Feb 25, 2020

Plans to Replace Santry Stacks on Hold Due to Lack of Funding

A business plan has not been developed to replace Santry Stacks, which was flagged as "not fit for purpose" nearly two years ago.

Emer MoreauNews Editor
Andrew Murphy for The University Times

Trinity has put on hold plans to replace its Santry Stacks book repository – flagged as “not fit for purpose” almost two years ago – due to a lack of funds, The University Times has learned.

Unpublished minutes from a meeting of Trinity’s Library and Information Policy Committee, seen by The University Times, reveal that “the issue of the book repository in Santry” – which is currently full – has been raised, but that “there is little possibility of Philanthropic funding” to replace it.

Veronica Campbell, the College bursar, wrote in an email statement to The University Times that “a business case for the Santry repository has not yet been developed” – despite the College’s 2018 Estates Strategy calling a new solution for book storage “critical”, and identifying it as a time-sensitive issue.

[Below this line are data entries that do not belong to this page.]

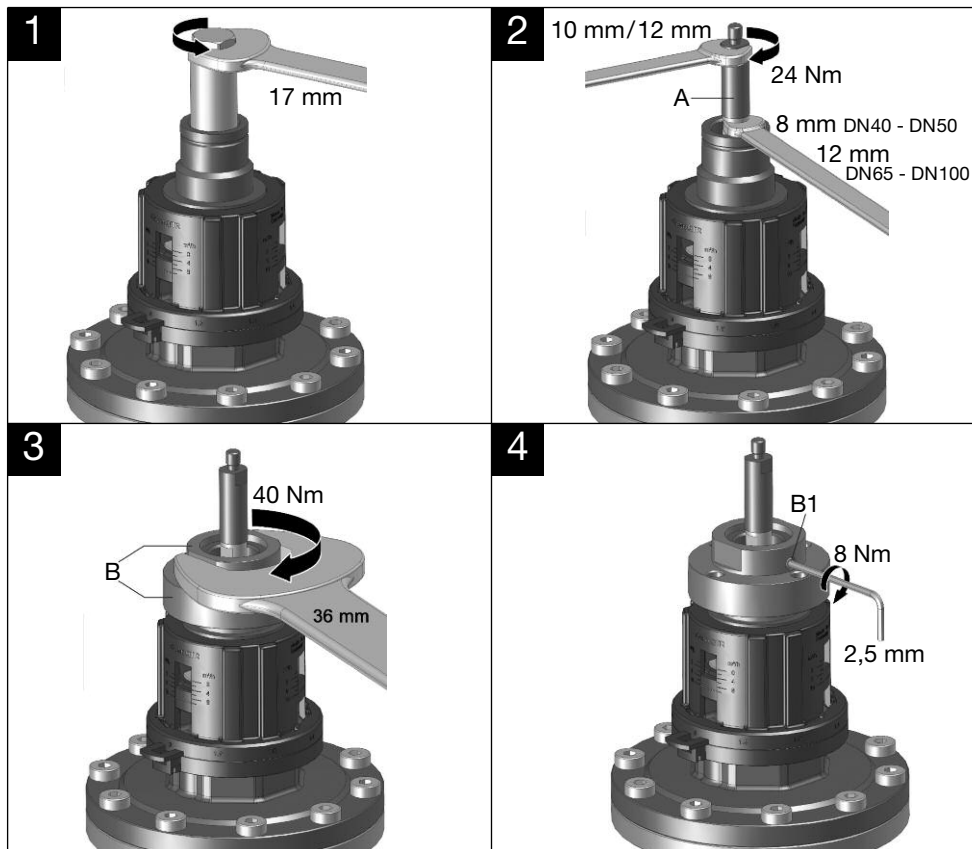

Eine Übersicht der weltweiten Ansprechpartner
finden Sie unter www.oventrop.de.

Technische Änderungen vorbehalten.
115802083 10/2016

Adapter set suitable for the following valves:
"Cocon QTR", "Cocon QFC", "Cocon QGC"
DN 40-100

A

B

B1

Vous trouverez une vue d'ensemble des interlocuteurs dans le monde entier sur www.oventrop.com.

Adapter-Set geschikt voor de volgende kleppen:
 "Cocon QTR", "Cocon QFC", "Cocon QGC"
 DN 40-100

Een overzicht van alle contactpersonen wereldwijd vindt u op www.oventrop.com.

Set adattatore adatto per le seguenti valvole:
"Cocon QTR", "Cocon QFC", "Cocon QGC"
DN 40-100

Per ulteriori informazioni sulla ns. organizzazione commerciale nel mondo potete consultare il ns sito www.oventrop.com.

ES

Juego de adaptadores

Instrucciones de instalación y operación para el instalador especializado

Juego de adaptadores adecuado para las siguientes válvulas:
"Cocon QTR", "Cocon QFC", "Cocon QGC"
DN 40-100

In 2018, Trinity announced plans to replace the storage unit, which houses most of Trinity’s books, after College’s Estates Strategy found that collections were “being kept in conditions that are not appropriate for an institution with the reputation of Trinity”.

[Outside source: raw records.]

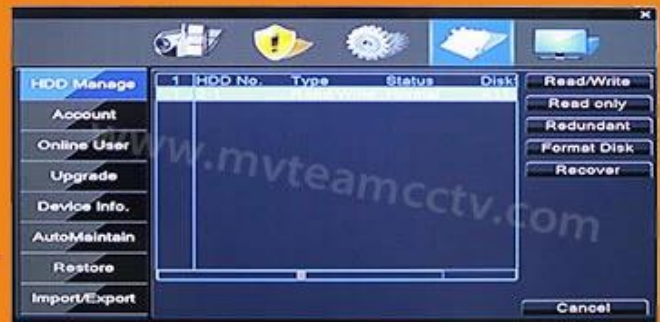

Support backup video records to DVR built-in redundant HDD

Support playback different time period video records in one screen, save time on find useful video records

5-in-1 hybrid modes:
AHD+TVI+CVI+CVBS+IP

DVR menu with Ping
command, convenient to do
DVR network testing

With UTC Function, control
analog camera and PTZ camera
on DVR thru coaxial cable

Support P2P remote view
by CMS and IE browser

Come with cloud ID, easy to
realize P2P remote view
by scan the QR Codes

- 3) NVR:4CH 3MP@25fps grabación IP, reproducción de 4 canales 3MP@25fps;
 4) NVR:4CH 5MP@25fps grabación IP, reproducción de 2 canales 5MP@25fps;
 3-soporte P2P remoto vista en móvil y PC

Modelo	6708H 300	
Compresión	Compresión estándar H.264	
Operación	Linux embebido	
Codificación-control de imagen	Edición ajustable, tanto cambiable de la imagen y fijar la secuencia opcional	
Corriente dual	Se puede configurar en cada canal	
Calidad de imagen del monitor	3MP(2048*1536), 720P 1080P, P 1024,	
Detección dinámica de imagen	Múltiples zonas de detección en cada canal	
Híbrido	AHD, TVI, CVI, IP, CVBS	
Modo de vídeo	Supervisión manual, automático, dinámico, modo video del disparador de alarma de la ayuda	
Modo de copia de seguridad	Disco de U, disco portátil USB, grabar USB, Network storage y backup	
El modo de operar	Ratón, Mando a distancia,Control de Panel frontal	
Inicio de sesión localmente	admin y la contraseña	
Guardar registro	disco duro local y red	
Interfaz externa	Entrada de video	8xBNC
	Entrada de audio	4x RCA
	Interfaz de red	10M / 100M base-T Ethernet (RJ-45)
	USB Conecte el puerto	2 x USB 2.0
	RS485	RS485 * 1
	Entrada de alarma	No
	Salida de alarma	No
	Disco duro interno	1 Puerto de SATA HDD
	Capacidad máxima	Máximo 4TB cada SATA
Seguimiento de teléfono celular	Soporte ventana móvil, iPhone, iPad, Android	
Energía	12V /2A	
Tamaño DVR	255 * 45 * 235 mm	
Peso	< 2,7 kg (sin HDD)

“It is critical for the collections and the finances of Trinity that there is a depository solution”, the report added.

According to the report, new materials were being held in commercial storage, at a cost of “hundreds of thousands of Euros per annum”.

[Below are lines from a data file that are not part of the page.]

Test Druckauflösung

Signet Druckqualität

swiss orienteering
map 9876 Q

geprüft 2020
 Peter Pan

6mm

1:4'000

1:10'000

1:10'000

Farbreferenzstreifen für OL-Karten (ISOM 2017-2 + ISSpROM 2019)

But the minutes appear to show that a strategy around the repository is not a priority when it comes to philanthropic donations, despite several other projects in College – including the Business School and the Engineering, Environment and Emerging Technologies (E3) Institute – receiving millions from donors.

At the meeting, held last May, Campbell confirmed that “financing is an issue” when it comes to the replacement of the facility, but proposed developing a business case for the project.

Speaking to The University Times in 2018, Librarian and College Archivist Helen Shenton explained that the College is currently trying to fulfil its responsibilities to students while also upholding the library’s responsibilities as a legal deposit library.

Trinity’s library has been designated a legal deposit since 1801. This status requires under statute that publishers and distributors provide at least one copy of every new publication, free of charge, to the library. Trinity also benefits under the UK scheme, meaning it also receives a copy of every book published or distributed in Britain.

The report identified the possible “complication” of a funding deal signed in the 1970s between Trinity, the National Library and Dublin City Council. As part of the agreement, Trinity ceded parts of the title of the depository to the two bodies.

The strategy listed the Santry depository as one of the College’s most time-sensitive projects, and stated that once a more appropriate space for the books was found, it would be possible to decant these books to an off-campus location, freeing up space in the process for student activities.

Areas earmarked by College for conversion to student spaces in the future include parts of the Lecky library and the 1937 Reading Room.

While the strategy listed Santry as a short to medium-term project, it also outlined the urgent need for space on campus, with 75 per cent of the College’s buildings in need of repair or replacement.

In 2018, the library’s system for borrowing and renewing books underwent an extensive overhaul in a bid to make books more accessible for students.

Undergraduate students can now borrow up to 10 general lending books at a time, for a period of four weeks before renewal. Undergraduate borrowing rights were previously limited to a maximum of four books at once, with a loan period of one week.

In 2019, Trinity’s libraries carried out a €350,000 project, which saw over half a million books fitted with new microchips in a bid to improve security and allow staff to track them more easily.

Some 550,000 books are now fitted with microchips, using a system called radio frequency ID, which will allow staff to track them more easily when large volumes of books are being moved around the libraries, or if books go missing.